We can prove the following theorem, which tells us considerably more about such graphs:
Theorem. If $\kappa(G) > \alpha'(G)$, then $\alpha'(G) = \lfloor \frac n2 \rfloor$: a maximum matching leaves at most one vertex of $G$ unmatched.

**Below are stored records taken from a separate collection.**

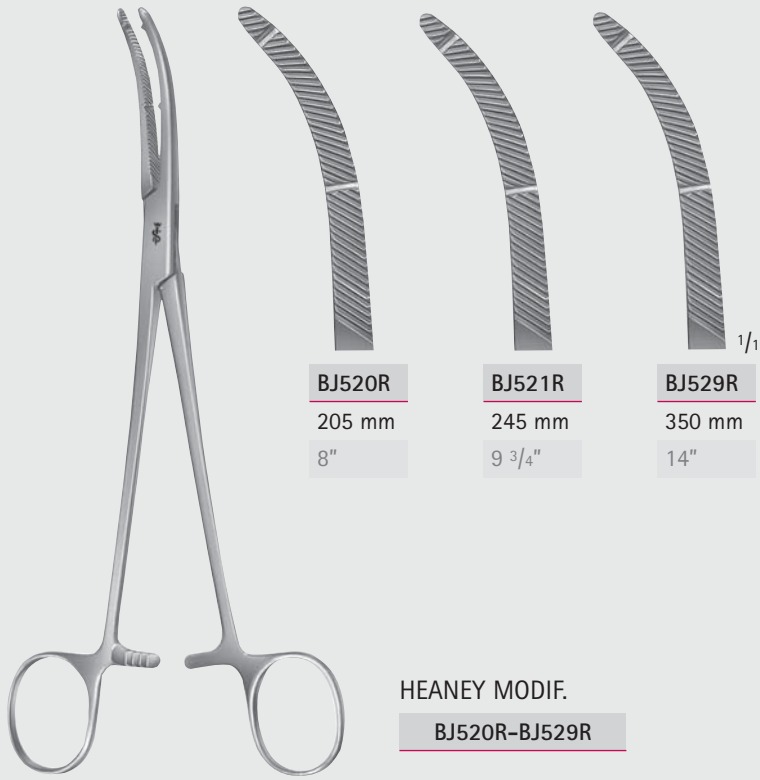

255 mm, 10"

WERTHEIM

BJ576R

260 mm, 10 1/4"

Klemmen – Forceps Hysterektomie- und Vaginalklemmen Hysterectomy Forceps and Vaginal Clamps

BJ

BURKE

BJ560R-BJ562R

Parametriumklemme, kurzes Maul
Parametrium clamp, short jaw part

BURKE

BJ561R-BJ563R

Parametriumklemme, langes Maul
Parametrium clamp, long jaw part

MILLIMETERS

Klemmen – Forceps
 Hysterektomieklemmen
 Hysterectomy Forceps

BJ

Klemmen – Forceps
 Peritoneum- und Hysterektomieklemmen
 Peritoneum and Hysterectomy Forceps

BJ

BJ520R
 205 mm
 8"

BJ521R
 245 mm
 9 3/4"

BJ529R
 350 mm
 14"

HEANEY MODIF.
BJ520R–BJ529R

HEANEY
BJ522R
 195 mm, 7 3/4"

HEANEY-REZEK
BJ524R
 210 mm, 8 1/4"

Klemmen – Forceps
 Hysterektomieklemmen
 Hysterectomy Forceps

BJ

HEANEY-BALLENTINE

MD591-MD592

215 mm, 8 1/2"

MD591

MD592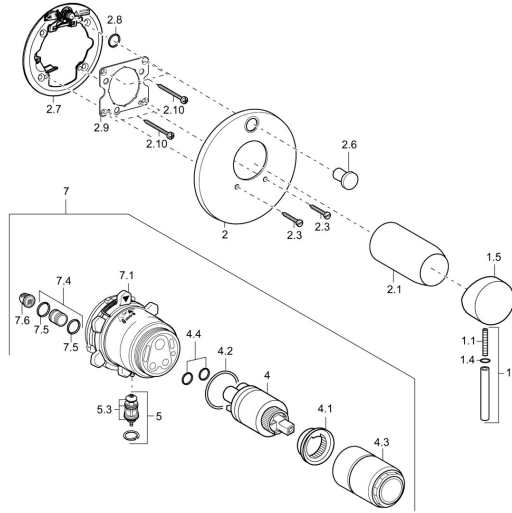

EAN: 4015474139961
static.hansa.com/47849041

Parti di ricambio

SP47849041

	Nome	Codice
1	Leva, 45 mm, (2011-) Cromo	59913272
1	Leva, 50 mm, d 7 mm Cromo	59913097
1.1	Screw, M5x25, SW 2,5	59913099
1.1	Screw, M5x28, SW2.5	59913273
1.4	O-ring, d 3x1.5	59913100
1.5	Cappuccio Cromo	59913098
1.5	Cappuccio, (2011-) Cromo	59913271
2	Piastra, d 135 mm, (-2011) Cromo	59913107
2	Piastra, d 170 mm Cromo Fuori produzione	59913403
2.1	Rosetta Cromo	59912511
2.1	Rosetta Cromo	59912116
2.3	Screw, M5x25 Cromo	59912881
2.6	Pulsante Cromo	59913656
2.6	Pulsante Cromo Fuori produzione	59912884
2.7	Base per fissaggio Fuori produzione	59913050
2.7	Base per fissaggio	59913048
2.8	O-ring, d 7.65x1.78	59902337
2.9	Fixing plate	59913034
2.10	Screw, M4.5x80	59912890
4	Cartuccia, 3.5 Classic	59913075
4.1	Temperature adjustment limiter	59912325
4.2	O-ring, d 28.24x2.62 Fuori produzione	59912590
4.3	Manicotto filettato, M38x1	59912115
4.4	O-ring, d 10.10x1.60 Fuori produzione	59905072
5	Deviatore	59912985
5.3	Kit di guarnizione Fuori produzione	59912997
7	Unità funzionale, 3.5 (2011-) Fuori produzione	59913380
7	Unità funzionale, 3.5 Fuori produzione	59912937
7	Unità funzionale, H/C reversed	59912978
7.1	Blind nut	59912984
7.4	Niplo di collegamento, (2014-)	59913885
7.5	O-ring, d 14x2	59912982
7.6	Filtro	59913126
N.I.	Pezzi di guida	59912924
N.I.	Prolunga, 20 mm	59912754

Proof. Suppose $\alpha'(G) = \frac{n-k}{2}$, so that a maximum matching has $k$ unmatched vertices, and that $k \ge 2$. Then by the Tutte–Berge formula there is a set of vertices $U$ such that $G-U$ has $|U|+k$ odd components. This is, in particular, multiple odd components: so $\kappa(G) \le |U|$, because $G-U$ is not connected. Also, $G-U$ must have at least $|U|+k$ vertices, so $n-|U| \ge |U|+k$, or $|U| \le \frac{n-k}{2}$. In summary, $$\kappa(G) \le |U| \le \frac{n-k}{2} = \alpha'(G).$$ Therefore if $\kappa(G) > \alpha'(G)$, then $k \le 1$ and so $\alpha'(G) \ge \frac{n-1}{2}$.
In fact, we don't need as strong an inequality as $\kappa(G) > \alpha'(G)$: if $\kappa'(G) > \alpha'(G)$, or even if $\delta(G) > \alpha'(G)$, then we can already conclude that $\alpha'(G) = \lfloor \frac n2 \rfloor$.
For this, we use the Tutte–Berge formula more carefully. As before, suppose $\alpha'(G) = \frac{n-k}{2}$ with $k\ge 2$, and take any set of vertices $U$ such that $G-U$ has $|U|+k$ odd components. Now, additionally, let the smallest odd component have $2j+1$ vertices.
Then $$\alpha'(G) = \frac{n-k}{2} \ge \frac{|U|+(2j+1)(|U|+k)-k}{2} = (j+1)|U| + jk$$ whereas $\delta(G) \le |U|+2j$: this is the maximum possible degree of a vertex in the smallest odd component. The inequality $\delta(G) > \alpha'(G)$ rearranges to $j(|U|+k-2) < 0$, contradicting our initial assumption that $k \ge 2$.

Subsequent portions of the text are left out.